La colonne du diable : 1

Publié le 30 décembre 2008 par Porky

(Conte Pragois)

Autrefois, habitait dans les faubourgs de Prague un pauvre homme qui arrivait tout juste à se nourrir. Lorsque l’hiver arriva, il fut si rigoureux que cet homme n’avait même plus de quoi se chauffer. Il partit donc en forêt ramasser un peu de bois.

Tout en travaillant, il songeait avec désespoir à son retour. Certes, le foyer serait chauffé mais il n’avait plus d’argent pour acheter ne serait-ce qu’un morceau de pain. Et de plus, sa femme attendait un enfant.

Il ramassait son bois, en proie à ces tristes pensées, lorsqu’il entendit une voix derrière lui. Il se retourna et vit un homme, bien habillé, et qui tenait un fusil à la main. Le pauvre homme eut d’abord très peur, puis il se rendit vite compte que le nouveau venu n’avait aucune mauvaise idée derrière la tête, et même, avait une physionomie suffisamment avenante pour qu’on pût engager la conversation avec lui. Ce que fit notre homme qui conta à l’inconnu ses déboires.

Ce dernier resta un moment silencieux, puis il tendit la main vers son interlocuteur : « Je peux t’aider, dit-il. Tu deviendras riche et même plus riche que tu ne peux l’imaginer. » Et comme on le regardait d’un air soudain méfiant, il ajouta : « Tu ne me crois pas ? Tu as tort. Rentre chez toi, et tu verras que ton sort commencera à s’améliorer. Je ne te demande qu’une chose en retour : tu me donneras ce que ta femme tiendra dans ses mains lorsque tu pénétreras chez toi. » Puis il sortit de sa poche un parchemin et le tendit au pauvre homme, qui le signa de son sang sans hésiter.

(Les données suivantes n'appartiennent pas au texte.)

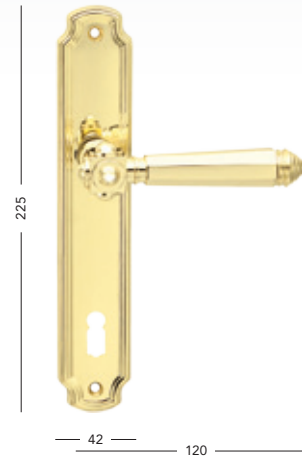

Atlantis

BB/PZ	830,-	1004,-
WC	935,-	1131,-
PZ-LI/RE	990,-	1198,-

Elegant

BB/PZ	465,-	563,-
WC	570,-	690,-
PZ-LI/RE	620,-	750,-
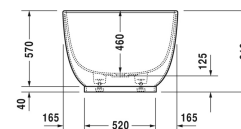

Bad # 70043400000000

|< 1800 mm >|

Bad	Afmetingen	Gewicht	Bestelnummer
vrijstaand, met naadloze ommanteling en frame, met 2 comfortabele rugsteunen, met speciale af- en overloop, DuraSolid A			
<b>Kleuren</b>			
00 Wit			
<b>Variante</b>			
Basismodel	1800 x 850 mm	114,000 kg	70043400000000

*Alle tekeningen bevatten de noodzakelijke maten welke binnen de tolerantie nog kunnen afwijken. Exacte maten, in het bijzonder voor specifieke maatwerksituaties, kunnen uitsluitend op het afgewerkte keramische product.*
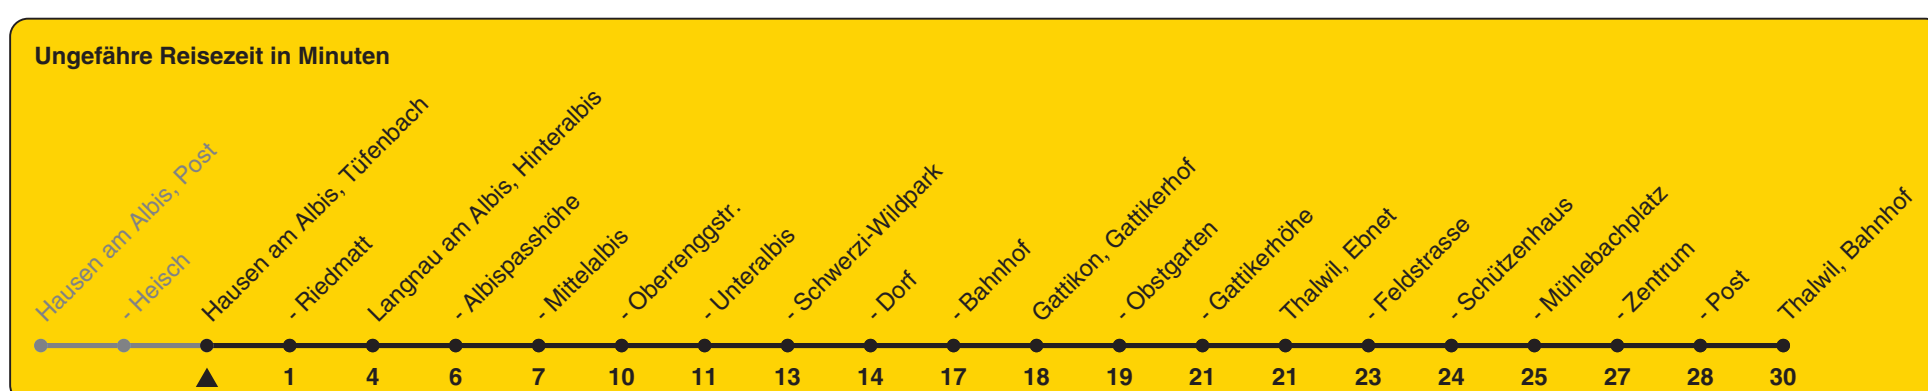

240

ZVV-Contact 0848 988 988 | zvv.ch

Zum
Live-
Fahrplan

Tüfenbach

Richtung Thalwil, Bahnhof

h	Montag - Freitag	Samstag	Sonn- und Feiertag
5			
6	26	26	
7	26	26	26
8	26	26	26
9	26	26	26
10	26	26	26
11	26	26	26
12	26	26	26
13	26	26	26
14	26	26	26
15	26	26	26
16	26	26	26
17	26	26	26
18	26	26	26
19	26	26	26
20			
21			
22			
23			
0			

Als Feiertage gelten: 25./26. Dez., 1./2. Jan., Karfreitag, Ostermontag, 1. Mai, Auffahrt, Pfingstmontag, 1. Aug.

Gültig ab 12.12.2021 bis 10.12.2022

STEIG EIN. KOMM WEITER.
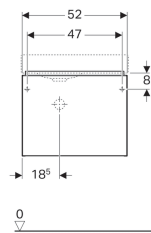

**Mobilier Geberit iCon pentru lavoar, cu un sertar**

Imagine exemplificativă

**Date tehnice**

Material | Structură din lemn, tristratificată, cu densitate ridicată

Cod art.	Culoare / suprafață	B	Lățimea lavoarului	H	T
840052000	Alb / Vopsit foarte lucios	52 cm	53 cm	42 cm	30.8 cm
841052000	Alb / Vopsit mat	52 cm	53 cm	42 cm	30.8 cm
841053000	Lava / Vopsit mat	52 cm	53 cm	42 cm	30.8 cm
840054000	Platin / Vopsit foarte lucios	52 cm	53 cm	42 cm	30.8 cm
841054000	Stejar natural / Melamină structură lemnoasă	52 cm	53 cm	42 cm	30.8 cm
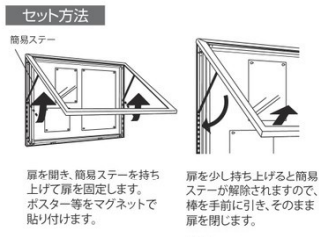

壁面掲示板 **6628** ▼設置方法 ▼セット方法 屋外 直付け はね上げ はね上げ 受生産品 オーダー規格

- コーナーミニアルで意匠よく、安全設計。
- 板面はマグネット専用、防水仕様で屋外対応の掲示板。
- 大サイズ製作可能なはね上げ式、簡易ステー付き。

○S(ステン)W仕様(ボードホワイト) B1ヨコ

○S(ステン)K仕様(ボードブラック) A1 鍵標準装備 B1ヨコ

- ご注意**
- 取り付けの際壁面とパネルをコーキングしてください。(下辺は不要です)
 - 雨水が内部に侵入する場合があります。
 - ⇒P.451を必ずお読みください。

- ご注意**
- 太陽の熱でアクリルが少し膨張する場合があります。

特注サイズでできます

最大サイズ:
外寸法 W1800×H900
最小サイズ:
外寸法 W450×H600

仕様

フレーム: アルミ押出材 アルマイト仕上
面 板: 3mm透明アクリル/3mmスチールボード
コーナー: 樹脂
付属部品: 直付け用ビス
マグネット(M-5010)8ヶ付き

屋外はね上げ式

注文品番		本体価格 (税別)	用紙寸法 (mm)	外寸法 W×H×D (mm)	有効画面寸法 (mm)	重量 (kg)	鍵個数 (ヶ)	
6628	S	W仕様 K仕様	1800×900	¥150,000	1800×900×47	1710×810	18.3	2
			1500×900	¥141,100	1500×900×47	1410×810	15.9	2
			1200×900	¥121,200	1200×900×47	1110×810	13.5	2
		900×600	¥77,900	900×600×47	810×510	8.8	2	
		450×600	¥60,000	450×600×47	360×510	6.2	1	
		B1ヨコ	¥114,700	B1ヨコ(1030×728)	1152×850×47	1062×760	12.7	2
		B2タテ	¥74,700	B2タテ(515×728)	637×850×47	547×760	8.8	1
		A1ヨコ	¥80,400	A1ヨコ(841×594)	963×716×47	873×626	10.2	2
		A2タテ	¥64,800	A2タテ(420×594)	542×716×47	452×626	7.4	1

※ボードはK仕様(ブラック)、W仕様(ホワイト)の2色からお選び頂けます。ご注文の際はどちらかご指示ください。

壁面掲示板 **FB6628** ▼設置方法 ▼セット方法 屋外 電飾 直付け はね上げ 受生産品 オーダー規格

- コーナーミニアルで意匠よく、安全設計。
- 板面はマグネット専用、防水仕様で屋外対応の掲示板。
- LED照明付で上部をほんのり明るく照らします。

LED照明点灯時

○S(ステン)K仕様(ボードブラック) B1ヨコ 鍵標準装備
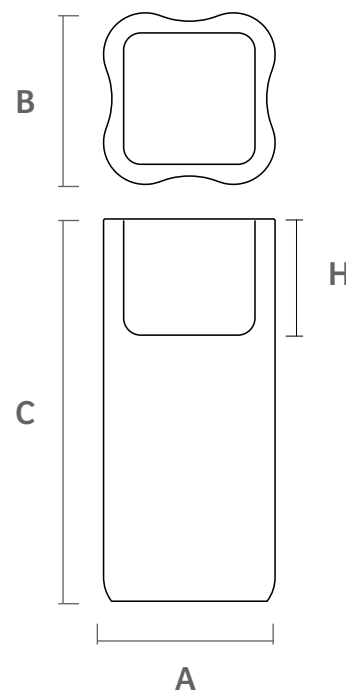

NEBULA

COLONA LUMINOSA

COD. CL308

Colonna Nebula / Column Flower box / Colonne Nebula / Columna Nebula
Materiale: Polietilene / Material: Polyethylene / Matériel: Polyéthylène / Material: Polietilene

Linear white led with wire / Con cavo

Cod. 019CA02

Led 18W 240V 4.000°K

IP65 PLUG/
SPINA IP44

Induction battery RGBW led

Cod. 019CA01

With remote control / Con telecomando 110/220 V

IP68 PLUG/
SPINA IP20

COD.	A	B	C	H	Kg	Kg	m3
CL308-0350X1	35	35	78	25	5	6,72	0,12

COD.	in/out	anti UV					
CL308-0350X1	in/out	X	- -65° +85°	X	PE	14	7

Con drenaggio
With drainage
Avec drainage
Con drenaje

L’inconnu tourna les talons et s’éloigna dans la forêt. L’homme posa sur ses épaules son fagot de bois et se hâta de revenir vers sa maison. Il regrettait presque d’avoir signé ce parchemin. Mais l’inconnu avait si bonne mine que ce pouvait être quelqu’un de maléfique, au contraire. Certainement, il avait eu affaire à un sorcier bienfaisant. L’idée qu’il avait pu croiser le diable en personne et signer un pacte avec lui ne lui effleura même pas l’esprit.

Quand il ouvrit la porte, il eut un mouvement de recul, puis se figea, pétrifié d’épouvante : sa femme, assise sur une chaise, le regardait en souriant. Dans ses bras, elle tenait leur enfant nouveau-né.